New Age Muzik, a four-piece causing a stir by teaming sweet R&B harmonising with Nigerian percussion, put this desire to be unique right there in their name. As singer Prince tells me, they want to bring something fresh to the table and have no intention of being kept in any sort of Afrobeats ghetto.
“We’re trying to create our own thing. People see Afrobeats as this African thing, and think, well, this is the UK’, so they kind of segregate it. We want to be the pioneers who change up the scene, it’s why we’re called New Age Muzik – when you listen to our sound that’s what you have to think it is, a new age.
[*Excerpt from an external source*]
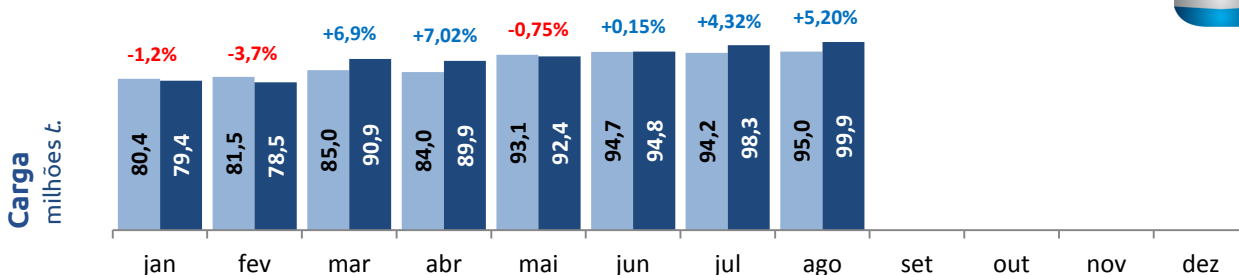

Comparativo mensal

2017 - 2018

Movimentação Portuária (Portos organizados + Instalações autorizadas)

Fonte: ANTAQ

There are many artists who are doing their thing, so we’ve just got to keep on going, focusing on our sound – the UK sound as well as the African sound. We feel that the fusion of both can relate to almost everyone – we want to go global.”
“The UK scene is popping right now”Camo, New Age Muzik
All of this action is happening almost entirely outside of any mainstream or label support. But while all the artists talk about how they’d like to win a MOBO or get plays on 1Xtra, the fact is they’re building their own kingdoms completely outside traditional channels. They jump on new social media ideas without a thought – New Age Muzik mention a girl hearing their tracks through Periscope, a live video streaming app barely a year old, and it’s this willingness to adapt, and a desire to keep looking forward, that’s enabling the scene to spread from the London suburbs – places like Edmonton, Lewisham and Forest Gate – across the world.
“The UK scene is popping right now,” agrees Camo from New Age Muzik. “We don’t stop creating. We made something just last night. Whether people understand all the language we sing in or not, as long as they’re bobbing their heads and vibing off the music then it can be successful. As long as we keep on providing good music, we can climb the ladder.”
5 Afrobeats tunes you need to hear right now
Combining the road mentality of UK rap with sweet Afrobeats melodies, Belly Squad are likely to do big things this year. A recent Westwood Crib Session showed them as versatile on classic grime as on Afrobeats.
NSG feat. Kilo Keemzo
A massive anthem in Hackney right now, powered by sharp, grimey claps and swirling, wiistful melodies – NSG are swiftly becoming a powerhouse.
Following on from the future R&B of her previous single ‘Confam It’, Emela has dropped a forward-looking Afro-tinged slow jam, collaborating again with her go-to producer Omeiza.
Seemingly coming out of nowhere, Ekeno jumped on the Wizkid/Skepta/Drake track ‘Ojuelegba’ and killed it with a vocal that is pure ragged soul.
MoStack feat. Moelogo
Coming from the same camp as J Hus, MoStack similarly erases the distance between road rap and Afrobeats – while his flow is only slightly inflected, he pulls Moelogoe in to deliver the legit Afrobeats chorus that is blowing the track up.